#### Exercise data

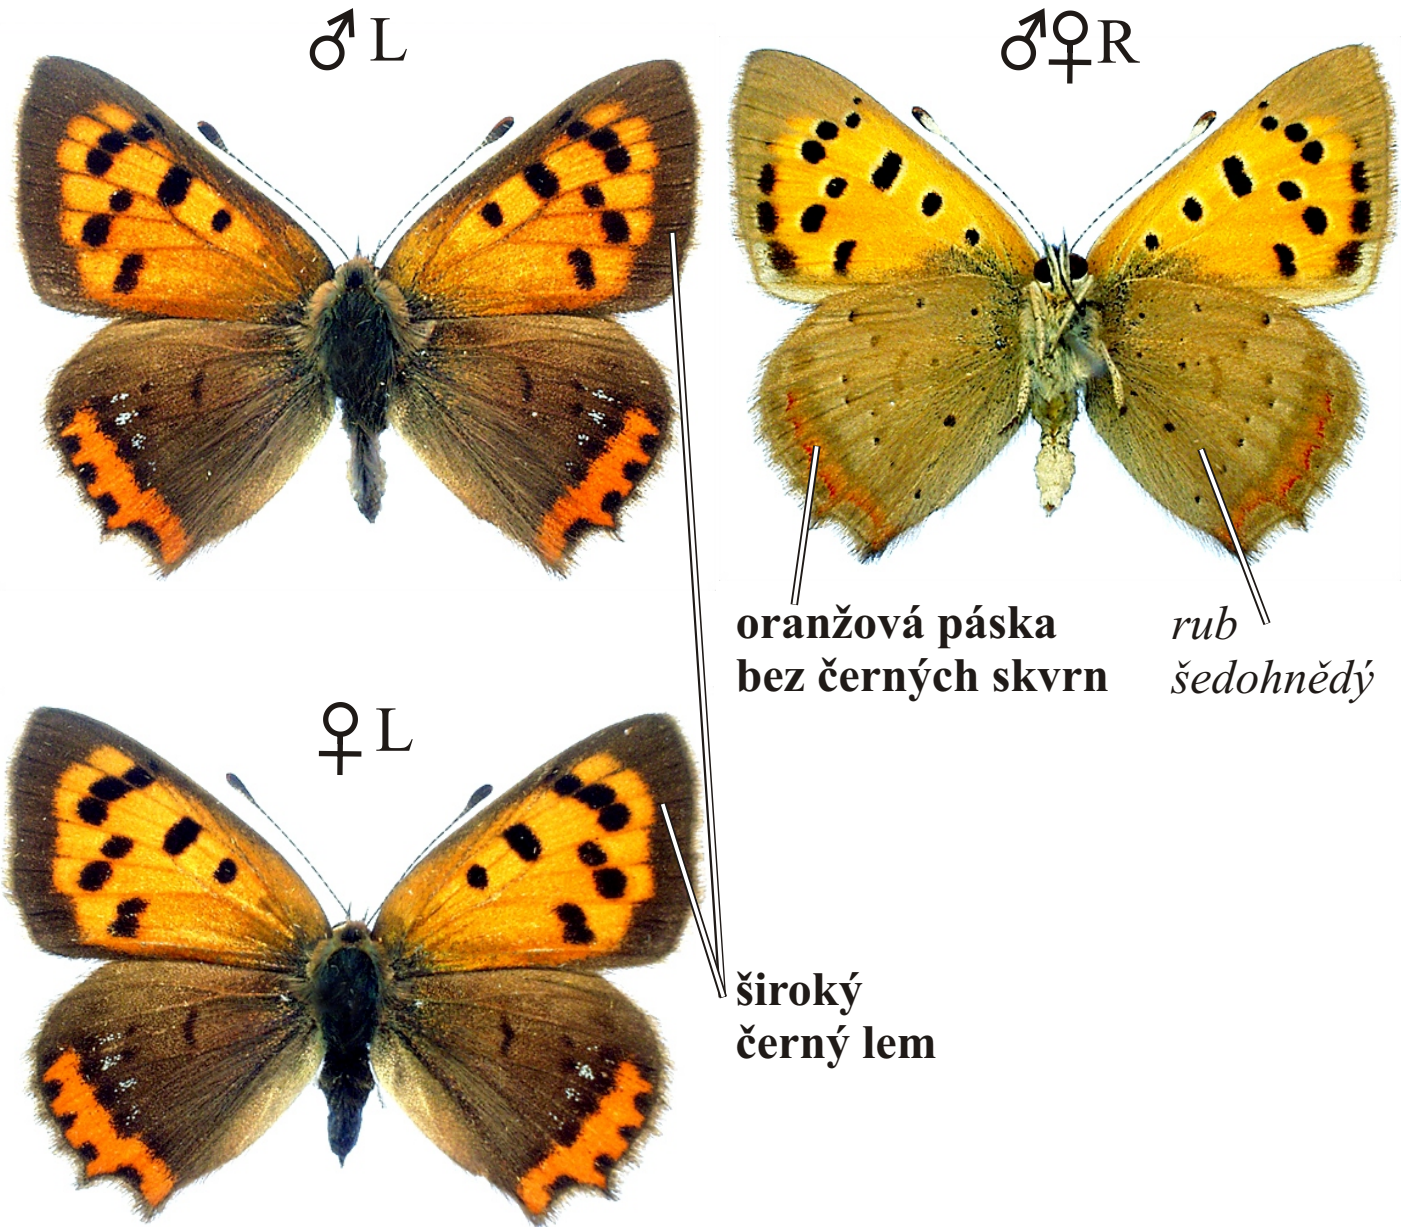

Lycaena phlaeas - ohniváček černokřídlý

Rozpětí kř.: 25-30 mm, doba letu: 2-3 gen., IV.-IX.
Podobné druhy: *Lycaena helle*

#### Directions
Retype, exactly and only, the lines running from the one with "Rozpětí kř.: 25-30" through the final line of the listing above.

#### Expected answer
Rozpětí kř.: 25-30 mm, doba letu: 2-3 gen., IV.-IX.
Podobné druhy: *Lycaena helle*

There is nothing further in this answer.